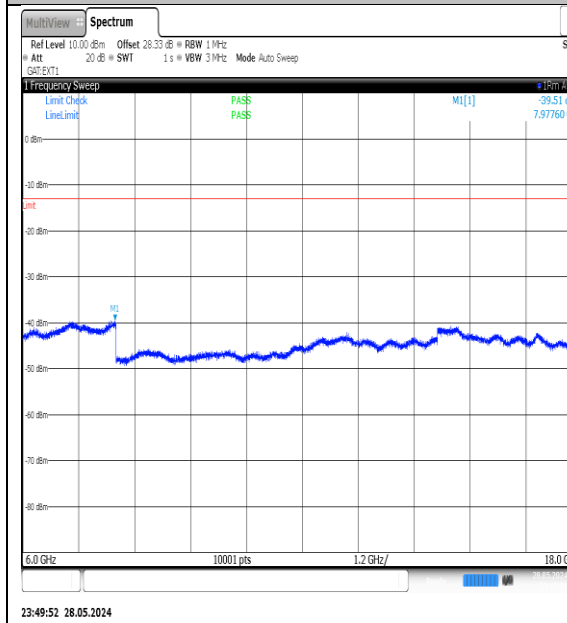

NTNV-N78-3700-3800-PC3-30-80-H-DFT-QPSK-
Edge_1RB_Left-30-1000-Ant1-PASS

NTNV-N78-3700-3800-PC3-30-80-H-DFT-QPSK-
Edge_1RB_Left-1000-6000-Ant1-PASS

NTNV-N78-3700-3800-PC3-30-80-H-DFT-QPSK-
Edge_1RB_Left-6000-18000-Ant1-PASS

NTNV-N78-3700-3800-PC3-30-80-H-DFT-QPSK-
Edge_1RB_Left-18000-40000-Ant1-PASS

NTNV-N78-3700-3800-PC3-30-90-L-DFT-QPSK-Edge_1RB_Left-0.009-0.15-Ant1-PASS

NTNV-N78-3700-3800-PC3-30-90-L-DFT-QPSK-Edge_1RB_Left-0.15-30-Ant1-PASS

NTNV-N78-3700-3800-PC3-30-90-L-DFT-QPSK-Edge_1RB_Left-30-1000-Ant1-PASS

NTNV-N78-3700-3800-PC3-30-90-L-DFT-QPSK-Edge_1RB_Left-1000-6000-Ant1-PASS

NTNV-N78-3700-3800-PC3-30-90-L-DFT-QPSK-Edge_1RB_Left-6000-18000-Ant1-PASS
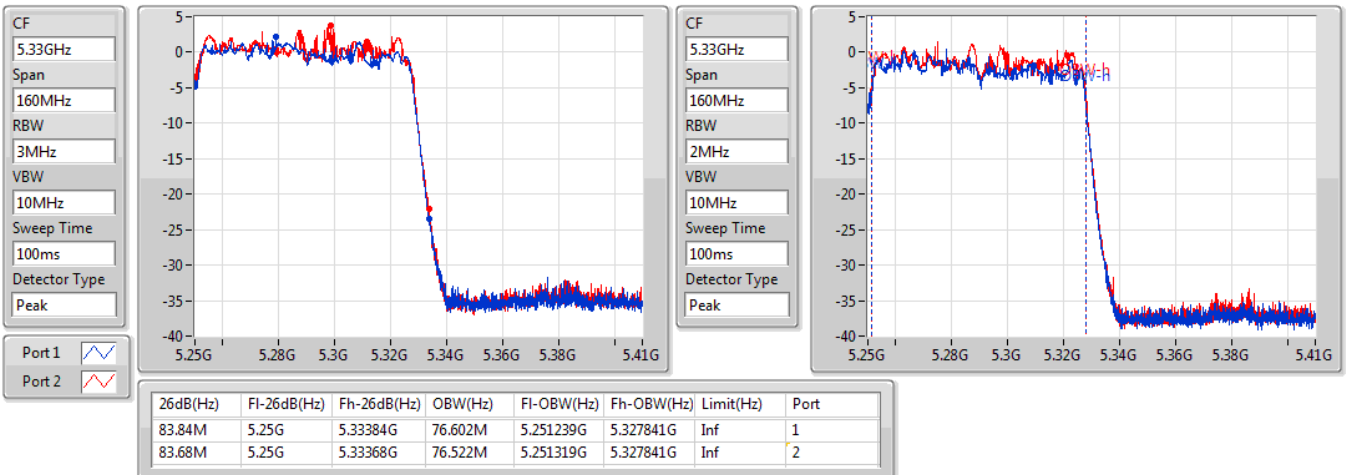

EBW

5690MHz Straddle 5.47-5.725GHz

30/11/2019

802.11ac VHT80\_Nss2,(MCS0)\_2TX

EBW

5690MHz Straddle 5.725-5.85GHz

30/11/2019

802.11ac VHT160\_Nss2,(MCS0)\_2TX

EBW

5250MHz Straddle 5.15-5.25GHz

04/12/2019

802.11ac VHT160\_Nss2,(MCS0)\_2TX

EBW

5250MHz Straddle 5.25-5.35GHz

30/11/2019

802.11ac VHT160\_Nss2,(MCS0)\_2TX

EBW

5570MHz

30/11/2019

802.11ax HEW20\_Nss2,(MCS0)\_2TX

EBW

5260MHz

30/11/2019

802.11ax HEW20\_Nss2,(MCS0)\_2TX
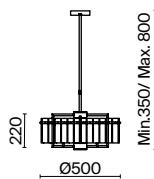

АРТИКУЛ

(4) **FR5166PL-06BS**

(5) **FR5166PL-01BS**

(6) **FR5166WL-01BS**
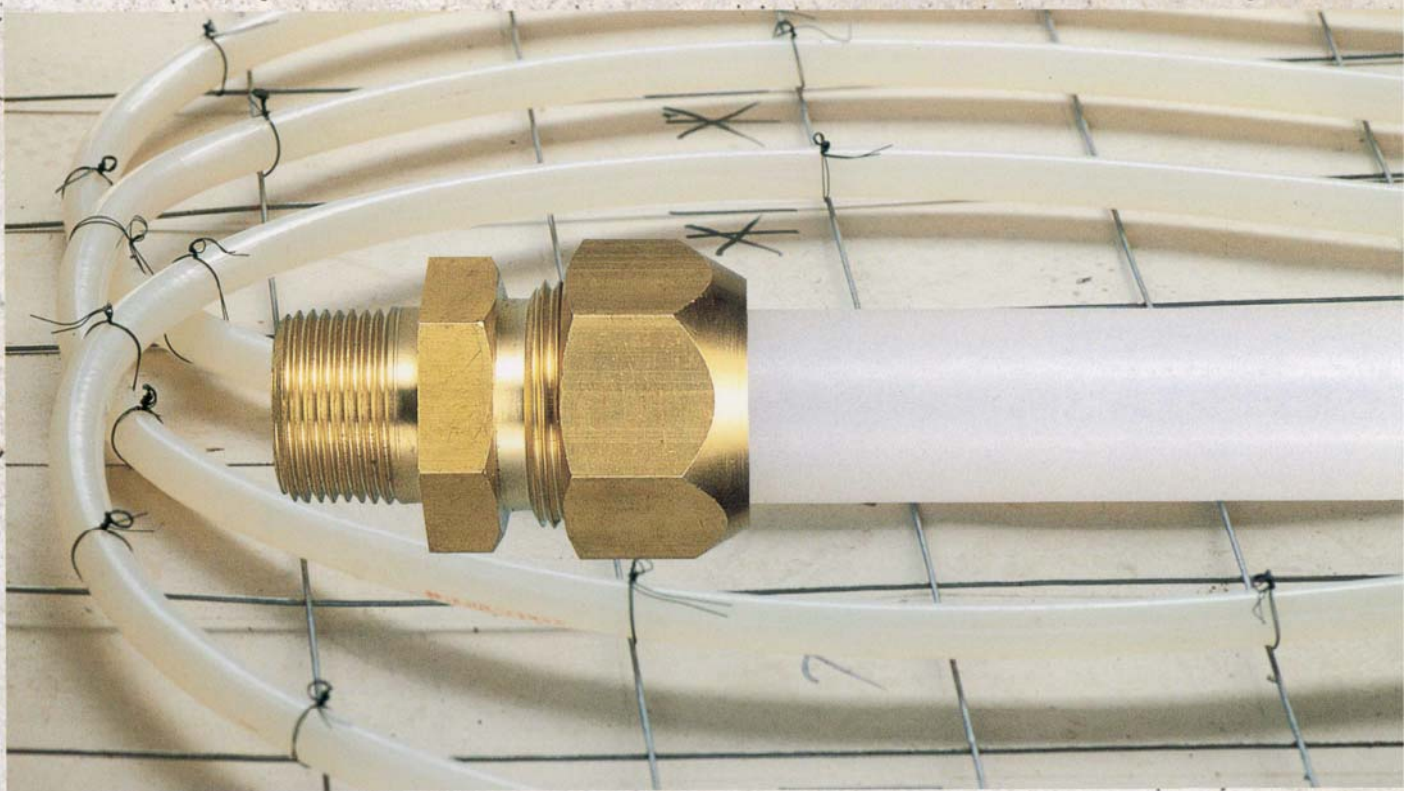

床から暖かくな

コケッコ

養鶏用

Ground Heating

S Y S T E M

●床面暖房システム●

施工断面図

床面暖房システム図

床暖房配管施工手順

ビニールシートの敷設

断熱材の敷設

溶接金網の敷設

金網にエクセルパイプを結束

水圧テスト

コンクリート打設

温水で、床からやさしく暖める。
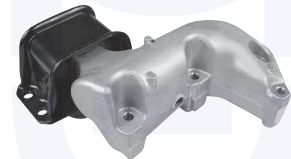

300533

adatt.O.E.1839C5

SUPPORTO motore (superiore - dx)
2.0 HDI Fap (79kw)
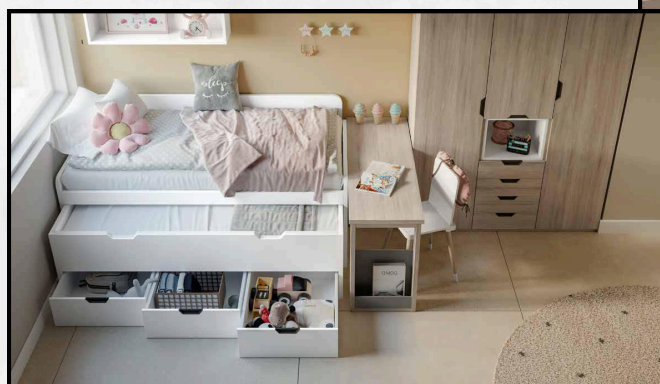

# BABY-JUNIOR 06

Color base: Blanco  
Color frente: Rosa

REFERENCIA	DESCRIPCIÓN	PUNTOS
BJ008015	Compacto	659,5
BJ004019	Armario 3 puertas + 2 cajones	479,4
BJ009027	Arcón con escritorio	258,3
BJ039050	Estantería colgar 67 cm	98,4
BJ039052	Estantería en "U" 110 cm	86,1
<b>TOTAL PUNTOS</b>		<b>1581,7</b>
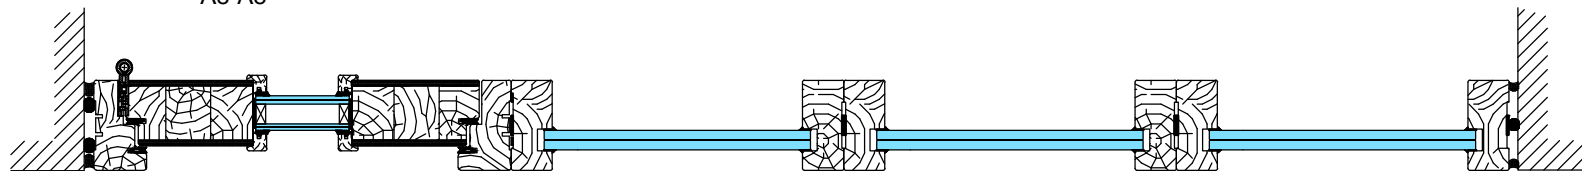

Lasiaukollinen ovi sisäänaukeava, apukarmi

- VE2 lasituslistalla

A7-A7
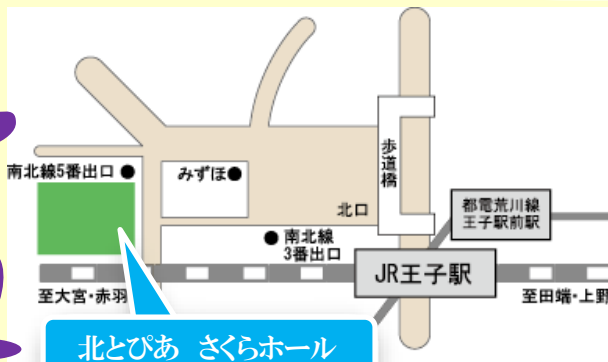

新しい人・常連となった人、演出や振付も新たに「みたび」を公演します。

子どもから大人まで、みんなで力を合わせて創るミュージカル…お楽しみに！

北とぴあ一階チケット売り場にて発売中

◎お申込み・お問い合わせ

王子狐のミュージカルの会 制作事務局

TEL: 080-4075-2884 (橋本)

03-3910-0955 (大門)

FAX: 03-3905-2959
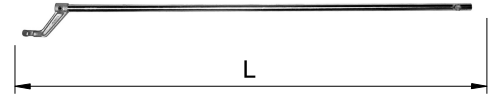

Type	L (mm)
04	400
06	600
08	800
10	1000
12	1250
15	1500
17	1750
20	2000
22	2250
25	2500

**Remarque**

Extrémité réglable du bras
de retenue avec rainure 5531 ff

N° dessin

442.00038

Exemple de commande

Longueur 800 mm

■ **Task instructions**
Throughout the material above, find each line with "Color" and return it.

■ **Expected answer**
Color base: Blanco  
Color frente: Rosa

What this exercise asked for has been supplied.